Extracted material below:

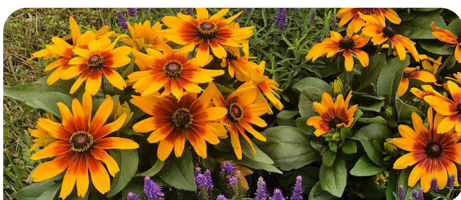

MINIBECKIA™
RUDBECKIAS

Why choose Rudbeckia **MiniBeckia™ Flame?**

This new Rudbeckia is just the flair (or Flame) that every landscape needs! This hot new plant is self-branching with a compact habit, reaches 18-24", and will show continuous bloom for 8+ weeks. Watch this plant quickly become an industry favorite, from Rick Grazzini and the breeders at GardenGenetics®.

Genetic Breakthrough

4-6", semi-double flowers on a well mounded, densely branched habit

Trialed & Triumphed

UGA Classic City trial winner, recognized as a trial favorite across the country

Grower Friendly

Plant 1 plant per pot to finish in approximately 8-12 weeks

Features

Great programmability!
Intense color on large blossoms, bright yellow petals with a red "eye"
Semi-double 4-6" flowers
Blooms heavily from transplanting until hard frost
Densely branched and strongly upright
Will often overwinter and return for a second or even a third season

End of Extracted material.

* **Directions**:
Should a record include a picture, omit it from your copy and return the rest unchanged.

* **Written answer**:
MINIBECKIA™
RUDBECKIAS

Why choose Rudbeckia **MiniBeckia™ Flame?**

This new Rudbeckia is just the flair (or Flame) that every landscape needs! This hot new plant is self-branching with a compact habit, reaches 18-24", and will show continuous bloom for 8+ weeks. Watch this plant quickly become an industry favorite, from Rick Grazzini and the breeders at GardenGenetics®.

Genetic Breakthrough

4-6", semi-double flowers on a well mounded, densely branched habit

Trialed & Triumphed

UGA Classic City trial winner, recognized as a trial favorite across the country

Grower Friendly

Plant 1 plant per pot to finish in approximately 8-12 weeks

Features

Great programmability!
Intense color on large blossoms, bright yellow petals with a red "eye"
Semi-double 4-6" flowers
Blooms heavily from transplanting until hard frost
Densely branched and strongly upright
Will often overwinter and return for a second or even a third season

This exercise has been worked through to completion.